Results. Factor analysis identified Disease Activity Score-28 (DAS28) and swollen (SJC) and tender joint count (TJC) as a physician-inflammation factor, and patient global assessment, pain, Health Assessment Questionnaire, and fatigue as patient components. Fatigue demonstrated weak correlations with erythrocyte sedimentation rate (ESR; r = 0.071) and SJC (r = 0.112), weak to fair correlations with TJC (r = 0.294), physician global assessment of RA activity (r = 0.384), and DAS28 (r = 0.399), but strong correlation with patient global assessment of severity (r = 0.567). In hierarchical regression analysis, patient global explained 43.1% of DAS28 fatigue variance; when SJC, TJC, and ESR were entered, the explained variance increased to 43.7%. In reverse order, SJC, TJC, and ESR explained 9.2% of the variance, but explained variance increased to 43.7% when patient global was added. The mean clinic fatigue scores were RA 4.9, OA 4.8, FM 7.6; mean survey scores were RA 4.5, OA 4.4, FM 6.3. Adjusted for age and sex, RA and OA fatigue scores were not significantly different.

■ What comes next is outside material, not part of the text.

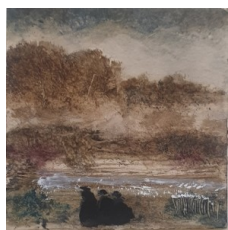

Aquarelles sur papier. Encadrée sous verre 20X20cm. 260 euros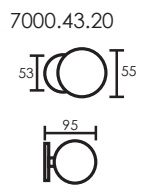

Pomo con placa y roseta

Conclusion. Inflammatory components of the DAS28 contribute minimally to fatigue. RA and OA fatigue levels do not differ. Fatigue is not an inflammatory variable and has no unique association with RA or RA therapy.
Fatigue is a common symptom, although its prevalence and severity differ according to definition and setting. In a US population-based study of 56,146 adults aged 18 to 69 years, 9.4% of the population were identified as having fatigue for 1 month or longer1. In The Netherlands 22% of 12,095 working adults were fatigued according to an assessment that used a scale cutoff to determine fatigue2. Among patients within the case mix of 2 adult primary care clinics, Kroenke, et al noted fatigue that was a major problem in 24% of 1159 consecutive patients surveyed3. Bates and colleagues found that, of 995 primary care patients, 27% complained of at least 6 months of unusual fatigue that interfered with their daily lives4, and in 6 UK general practices, consisting of 31,651 persons aged 18–45 years, 18.3% reported substantial fatigue lasting 6 months or longer5.

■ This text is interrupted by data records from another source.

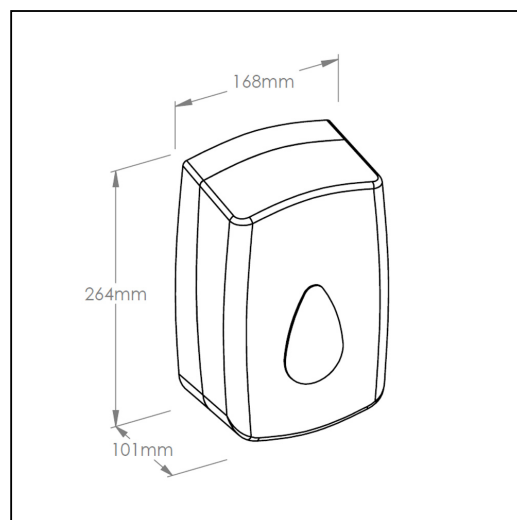

Automatyczny bezdotykowy dozownik mydła w pianie MERIDA UNIQUE AUTOMATIC ORANGE LINE

symbol: DUO501

Mydło dozowane automatycznie w postaci niebywale delikatnej piany. Pojemno wymiennych wkładów 700 g – ponad 2000 porcji piany. Dozownik uruchamiany automatycznie czujnikiem zbliżeniowym, zasilany 4 bateriami R14 (opakowanie nie zawiera baterii). Diodowy wskaźnik stanu dozownika (zielony-gotowo do pracy, pomarańczowy-czujnik niedomknięcia pokrywy, czerwony-wymieni baterii). Dozownik należy zamontować w odległości / na wysokości min. 250 mm od powierzchni blatu/umywalki. Dostosowany do użytkowania z mydłami w pianie. Dozownik wykonany z wysokiej jakości, bardzo wytrzymałego tworzywa ABS. Odporny na działanie UV. Zamykany na kluczyk.

Urządzenie dostępne jest w dwóch wersjach:

MERIDA UNIQUE mat - symbol DUO501

MERIDA UNIQUE SPARK wysoki połyski - symbol DUO551

Parametry

wysoko	26,4 cm
szeroko	16,8 cm
gł boko	10,1 cm

With respect to patients with chronic illnesses in rheumatology clinics, Wolfe, et al studied 1488 consecutive patients with rheumatic diseases6. Fatigue measured by a 0–3 visual analog scale (VAS) was present in 88%–98% of patients, but clinically important levels of fatigue (> 2.0) were present in more than 41% of patients with rheumatoid arthritis (RA) or osteoarthritis (OA), and in 76% of those with fibromyalgia (FM).
Fatigue is an important symptom to patients with rheumatic diseases, where it associates with illness severity, psychological distress, and reduced quality of life, and is an important and distressing symptom in and of itself7. However, fatigue took on a special meaning in RA when the American College of Rheumatology (ACR) and European League Against Rheumatism (EULAR) consensus panel recommended that all clinical trials should report on fatigue8. This recommendation was based on the knowledge that “patient-reported measures correlate cross-sectionally and longitudinally with measures of disease activity” and the recommendation of “working groups”9 of patients. The committee indicated that “some studies suggest that one limitation of the assessment of fatigue in clinical trials could be that fatigue is potentially secondary to other disease characteristics, and thus not an independent attribute” [of RA activity].
In addition to the importance attributed to fatigue by patient groups10 and some clinicians11, fatigue is clearly associated with treatment response in clinical trials12,13. However, all studies that have examined the direct association between inflammatory activity and fatigue have failed to find a clinically important relationship6,14,15.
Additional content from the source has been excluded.